TOKYO -- Nissan Motor slashed 80 billion yen ($735 million) from its forecast for annual operating profit as last year's inspection scandal and sales incentives in the U.S. weigh heavily on earnings.
Group operating profit for the year ending in March is expected to sink 24% to 565 billion yen, the Japanese automaker said Thursday, making its second downgrade this fiscal year.
The company expects global sales volume to rise 3% to 5.78 million vehicles, 50,000 less than previously forecast.
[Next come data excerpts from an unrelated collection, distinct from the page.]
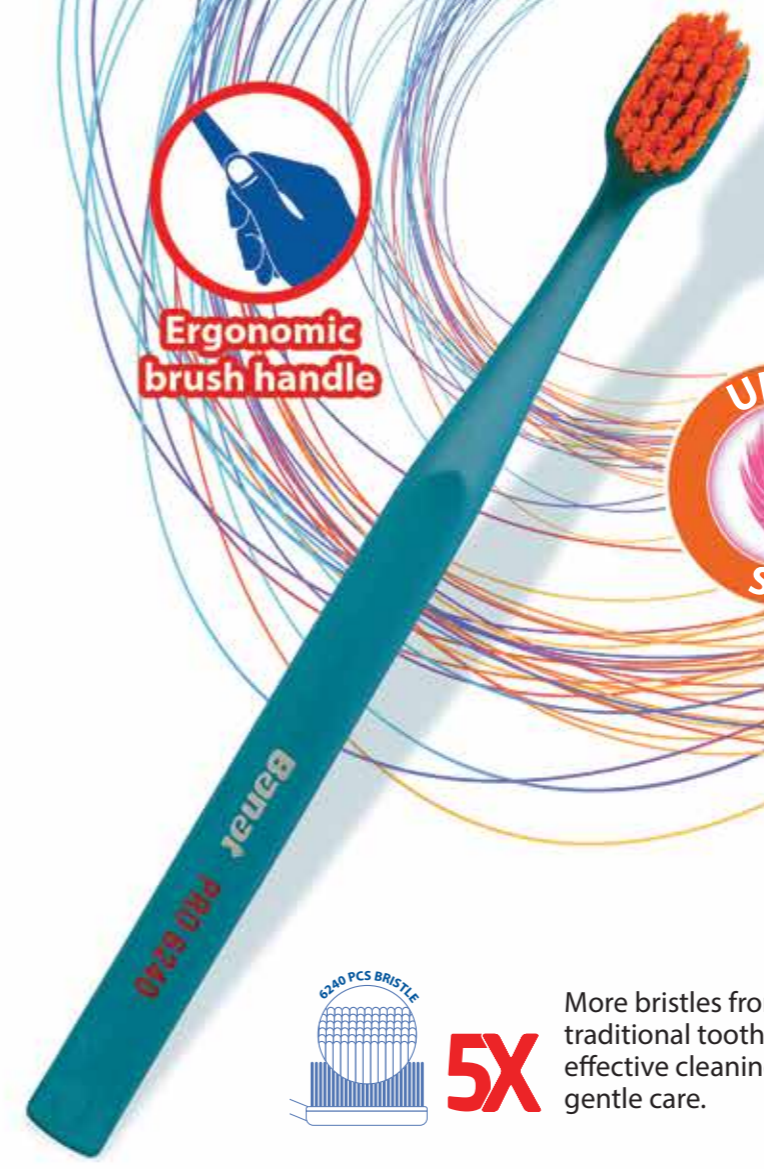

Effective Cleaning in Dental Care thanks to Spiral Bristles

NEW

Twist&Clean

Tongue cleaner special texture

Deep cleaning around teeth and gums with advanced whitening thanks to its spiral bristle structure

Ergonomic brush handle

Special angle that can reach back teeth

5X

More bristles from traditional toothbrushes, effective cleaning with gentle care.

Pro 6240 Toothbrush 1+1
515665
 Pieces of box: 72
 8 690555 515665

Nissan lowered its target for Japan, the heart of the scandal involving unauthorized employees conducting final inspections, as well as for North America and Europe.
The automaker attributes 30 billion yen of the downgrade to production and export delays tied to the scandal.
"We aim to normalize operations by the end of March," said Joji Tagawa, corporate vice president.
Nissan will take a 40 billion yen charge tied to reducing inventory in its main U.S. market and elsewhere. The automaker has stoked demand with aggressive sales incentives such as price discounts.
The automaker rode the U.S. recovery from the financial crisis, focusing on expanding its share of sales in the country. Nissan's U.S. sales rose 2% to 1.59 million cars in 2017 while overall demand in the country fell 2%. But the company's incentives averaged over $4,000 per car last year, far higher than the industry average in the upper-$3,600 range. Nissan now faces the consequences of pursuing short-term gains and overly ambitious sales growth.
The Japanese automaker had shown signs of charting a different course amid deteriorating profitability.
"We want to look at U.S. sales volume cautiously rather than overreach," Hiroto Saikawa, president and CEO, said at the company's first-half earnings announcement in November.
"We will concentrate on sales quality rather than quantity over the next two years," he elaborated at a news conference Thursday. The company plans to reduce fleet sales to rental car companies and other bulk buyers.
Yet Nissan lifted its net profit forecast by 170 billion yen, predicting a 6% increase to a record 705 billion yen. Accounting adjustments from the lower U.S. corporate tax rate are seen providing a 207.6 billion yen boost.
Nissan's subsidiary for U.S. sales and financing includes on its balance sheet deferred liabilities for future tax payments. The reduction in the American corporate tax rate to 21% will shrink those future liabilities, raising Nissan's current profit.
Nissan's sales for the nine months through December rose 3% to 8.52 trillion yen, while net profit jumped 40% to 578.1 billion yen.